### [What the task requires]
Apart from the images, every record below must be given again without alteration.

*** Supplied data

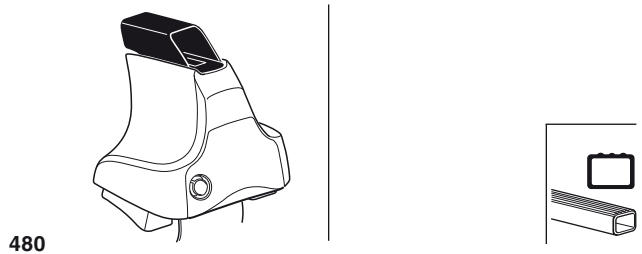

Kit 1357

TOYOTA Innova, 5-dr MPV, 04-
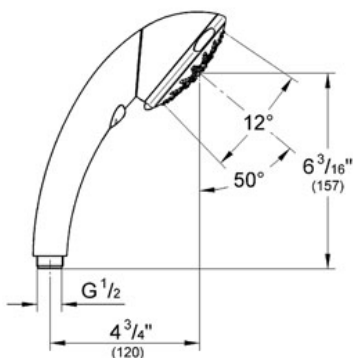

Product Description: Hand shower 5 sprays

Standard Specification:

- GROHE StarLight® finish
- SpeedClean anti-lime system
- Rotahead adjustable shower head system
- 5 spray patterns: Wide Spray / Needle Jet / Rain / Massage / Champagne
- Universal mounting system (fits all standard shower hoses)
- Max Flow Rate 2.5 gpm at 80 psi (9.5 L/min)
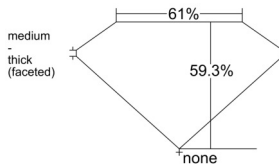

GIA®

FACSIMILE

GIA REPORT 3545098100

Verify this report at GIA.edu

GIA NATURAL DIAMOND DOSSIER®

November 26, 2025
GIA Report Number 3545098100
Shape and Cutting Style ..... Heart Brilliant
Measurements ..... 4.49 x 5.10 x 3.02 mm

GRADING RESULTS

Carat Weight ..... 0.41 carat
Color Grade ..... F
Clarity Grade VS2

ADDITIONAL GRADING INFORMATION

Polish ..... Excellent
Symmetry ..... Excellent
Fluorescence ..... None
Clarity Characteristics ..... Crystal, Cloud
Inscription(s): GIA 3545098100

PROPORTIONS

Profile not to actual proportions

GRADING SCALES

GIA COLOR SCALE		GIA CLARITY SCALE			
COLORLESS	D	VERY VERY SLIGHTLY INCLUDED	FLAWLESS		
	E		INTERNALLY FLAWLESS		
	F	VERY SLIGHTLY INCLUDED	VVS₁		
	G		VVS₂		
	H		VS₁		
	NEAR COLORLESS	I	SLIGHTLY INCLUDED	VS₂	
		J		SI₁	
		FAINT	K	INCLUDED	SI₂
			L		I₁
			M		I₂
VERTICALLY LIGHT	N	LIGHT	I₃		
	O				
	P				
	Q				
	R

******

### [Output for this exercise]
Kit 1357

TOYOTA Innova, 5-dr MPV, 04-

Product Description: Hand shower 5 sprays

Standard Specification:

- GROHE StarLight® finish
- SpeedClean anti-lime system
- Rotahead adjustable shower head system
- 5 spray patterns: Wide Spray / Needle Jet / Rain / Massage / Champagne
- Universal mounting system (fits all standard shower hoses)
- Max Flow Rate 2.5 gpm at 80 psi (9.5 L/min)

GIA®

FACSIMILE

GIA REPORT 3545098100

Verify this report at GIA.edu

GIA NATURAL DIAMOND DOSSIER®

November 26, 2025
GIA Report Number 3545098100
Shape and Cutting Style ..... Heart Brilliant
Measurements ..... 4.49 x 5.10 x 3.02 mm

GRADING RESULTS

Carat Weight ..... 0.41 carat
Color Grade ..... F
Clarity Grade VS2

ADDITIONAL GRADING INFORMATION

Polish ..... Excellent
Symmetry ..... Excellent
Fluorescence ..... None
Clarity Characteristics ..... Crystal, Cloud
Inscription(s): GIA 3545098100

PROPORTIONS

Profile not to actual proportions

GRADING SCALES

GIA COLOR SCALE		GIA CLARITY SCALE			
COLORLESS	D	VERY VERY SLIGHTLY INCLUDED	FLAWLESS		
	E		INTERNALLY FLAWLESS		
	F	VERY SLIGHTLY INCLUDED	VVS₁		
	G		VVS₂		
	H		VS₁		
	NEAR COLORLESS	I	SLIGHTLY INCLUDED	VS₂	
		J		SI₁	
		FAINT	K	INCLUDED	SI₂
			L		I₁
			M		I₂
VERTICALLY LIGHT	N	LIGHT	I₃		
	O				
	P				
	Q				
	R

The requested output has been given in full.